Rambam will next go on to consider how Moshe Rabbeinu expresses these ideas in Torah.

************************************************************************************************************************************

Commentary by Steve Sufian

Parashat Bo

“Bo” means “come” or “go.”  After seven plagues, the Lrd tells Moses, “Come to Pharaoh, tell him to let my people go but I have hardened his heart so he will not and I will visit three more plagues upon him and his people so they will know that I am the Lrd.” (paraphrasing).

We see Gd, Who is Totality, playing the roles of Moses and Aaron but also of Pharaoh and Pharaoh’s people. As Moses and Aaron, He worships Wholeness; as Pharaoh, he worships partial values and refuses to open Himself to Wholeness.

This is a reminder to us, that Gd is All: Gd is our friend, Gd is our opponent, Gd is the neutrals, Gd is All.

It is a reminder to place Wholeness first in our lives and to draw upon Universal Love so we ARE this Love and it flows freely through us to transform restrictions, opponents, troubles into Wholeness, friends and Blessings.

Pharaoh refuses to let Israelites go and three more plagues are visited upon him and all Egypt.

With the plague of the death of the first born and the death of his first-born son Pharaoh finally drives the Children of Israel out of Egypt to worship the Lrd. They take with them their children, flocks and wealth the Egyptians gave them, wealth they infuse with Wholeness.

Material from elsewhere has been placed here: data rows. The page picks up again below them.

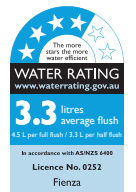

Cleaning & Care

- The toilet seat may be removed for cleaning - depress the quick release buttons and lift up.
- Clean only with a soft cloth or sponge using warm water and mild soap or detergent. Do not use any abrasive cleaning materials.
- Do not use any solvents or corrosive liquids.
- Note that use of clip-on deodorisers will affect flushing performance on rimless suites.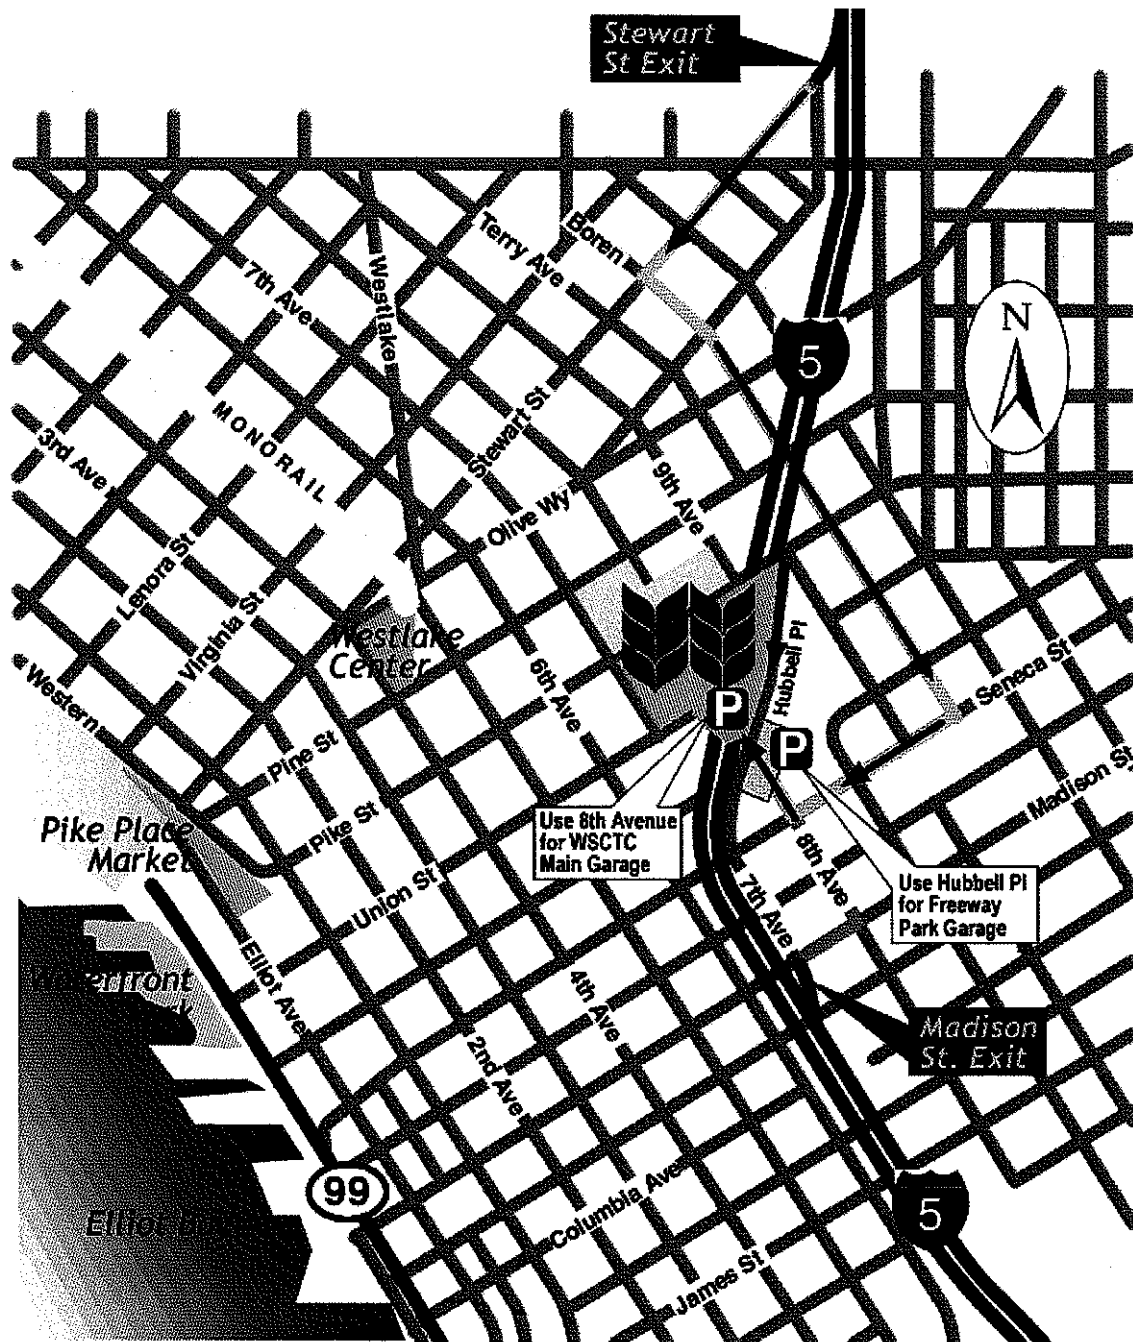

**Map to the
Washington State Convention Center
800 Convention Place | Seattle, WA 98101
(Primary entrance is on 8th Avenue)**

Parking will be validated **only** if you park in the Convention Center garage located directly under the Convention Center itself. You will receive a parking validation at the Seminar. No validation will be given if you park at any of the surrounding garages. **Please remember that the Seminar will be held in the new Conference Center located directly across Pike Street from the Convention Center. Our program will be on the third floor.**

Driving Directions

To the Washington State Convention Center

(Primary entrance is on 8th Avenue)

From I-5 Southbound:

- Stewart Street exit (exit #166)
- Left on Boren Avenue
- Right on Seneca Street
- Right on 8th Avenue
- Right into garage

From I-5 Northbound:

- Madison Street/I-90 exit (exit 164A)
- Follow signs to Madison Street/Convention Place
- Right on Madison Street
- Left on 8th Avenue
- Right into garage

From I-90 Westbound

- I-5 Northbound
- Madison Street (exit 164A)
- Follow signs to Madison Street/Convention Place
- Right on Madison Street
- Left on 8th Avenue
- Right into garage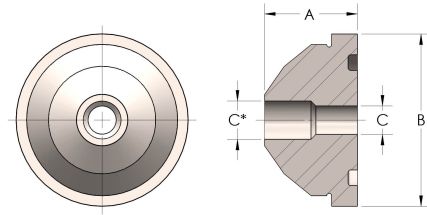

Product Category

58R-7-SS316L

Part Description

Buttweld Pipe

## DIMENSIONS

A	1.630
B	2.94
C	1.38

Literally, “first born” refers to the first-born child; symbolically, it is whatever is our most precious desire, our link between our present status and the future status we hope to achieve.
Our religion guides us to cherish most a first-born that can never die, making our most precious desire the desire to be restored to full awareness of Oneness, One with the One, One with Gd, Who Is All There Is, Unborn and Undying.

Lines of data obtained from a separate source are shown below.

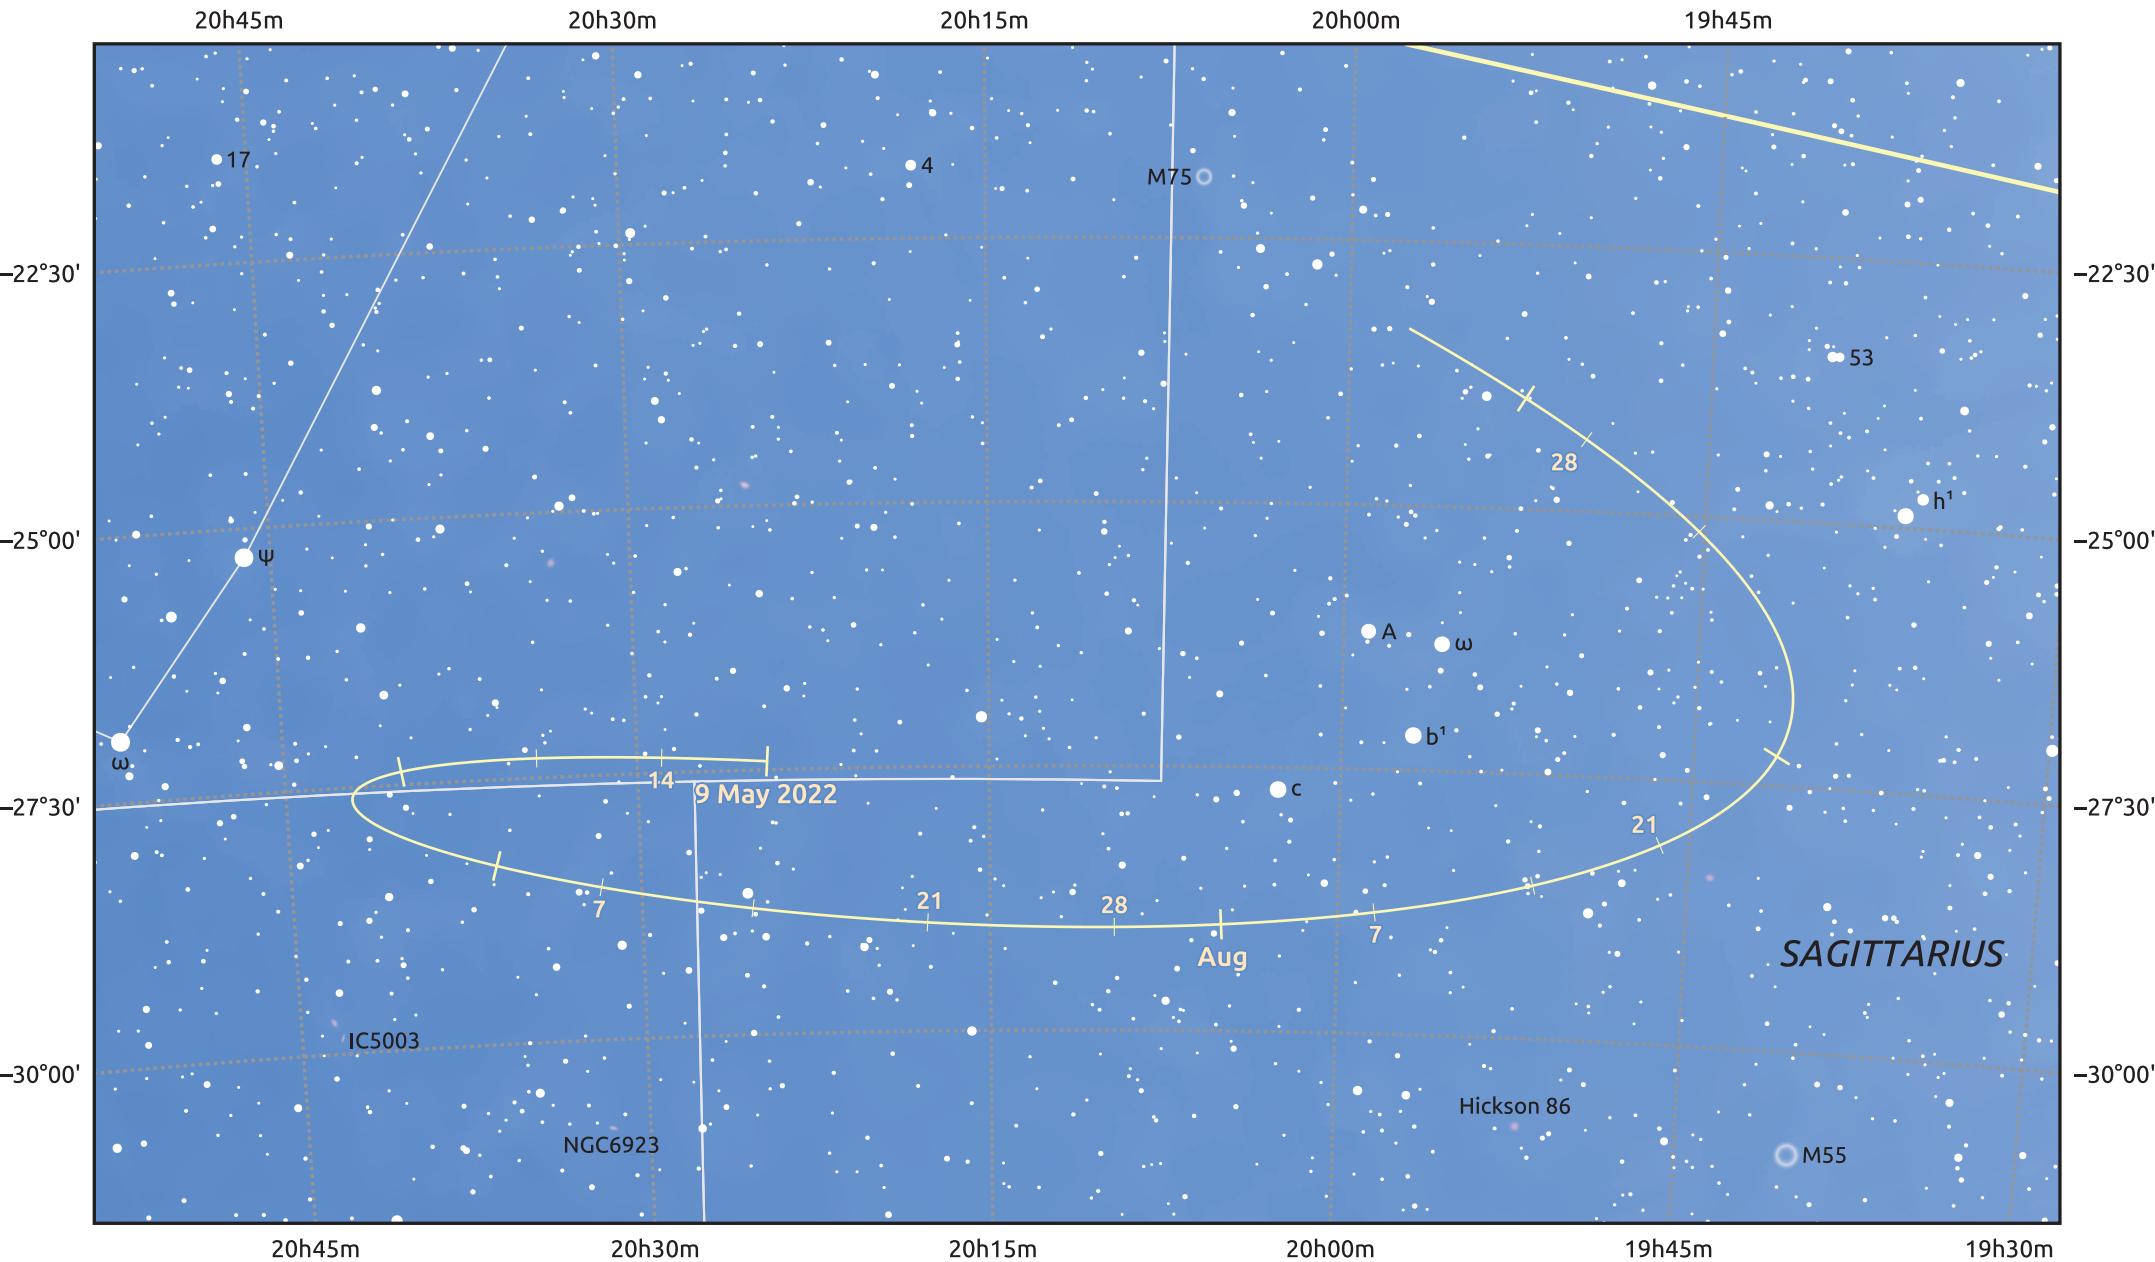

The path of Asteroid 192 Nausikaa around opposition on 23 Jul 2022

© Dominic Ford 2011–2025. Date markers placed at midnight UTC. Downloaded from <https://in-the-sky.org>

Magnitude scale: · 10.0 · 9.0 · 8.0 · 7.0 · 6.0 ● 5.0 ● 4.0

— Ecliptic Plane

Galaxy Bright nebula Open cluster Globular cluster Planetary nebula

Date	Mag	Phase
2022 Jun 1	10.9	96%
2022 Jun 17	10.5	98%
2022 Jul 1	10.1	99%
2022 Jul 20	9.5	100%
2022 Aug 1	9.5	100%
2022 Sep 1	10.1	97%
2022 Sep 22	10.5	94%
2022 Oct 1	10.6	94%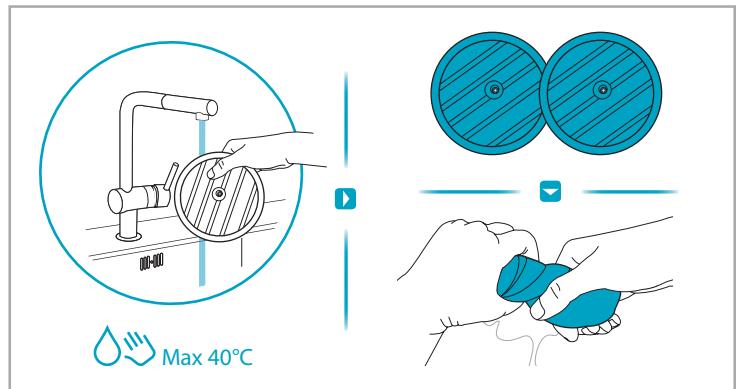

support.emea.aeg.com www.aeg.com

2.5h 100%

- 100%
- 75-100%
- 50-75%
- 25-50%
- 0%

ADC-42FMG-35 35042EPB
ADC-42FMG-35 35042EPG

✗ ✗

✓ ✓

→

ON
OFF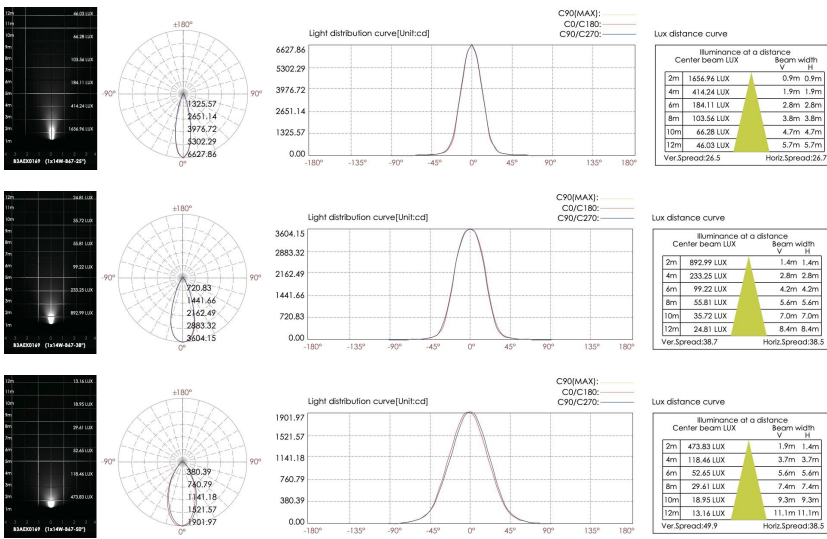

sales@gordonbullard.com
www.bullardoutdoor.com
1-877-964-4646

991 South Gull Lake Dr
Richland, MI 49083
USA

And our religion guides us to “worship Gd with all our heart and all our soul” and “love our neighbor as our Self”, and thus to free ourselves from enslavement to limited values of life, which were the values of Pharaoh’s Egypt/Mitzraim/ Restrictions, and to gently become fully aware of the Wholeness within which all limits are no longer experienced as limits but are experienced as expressions of the Wholeness within which they exist, flow, flourish.

This parshah reminds us to keep our priorities in order and to free ourselves from restrictions so we have time to worship the Lrd, and thus to transform restrictions into Expressions of the Lrd, of Wholeness, and that includes restoring our experience of our restricted self to Full Awareness, One with the One.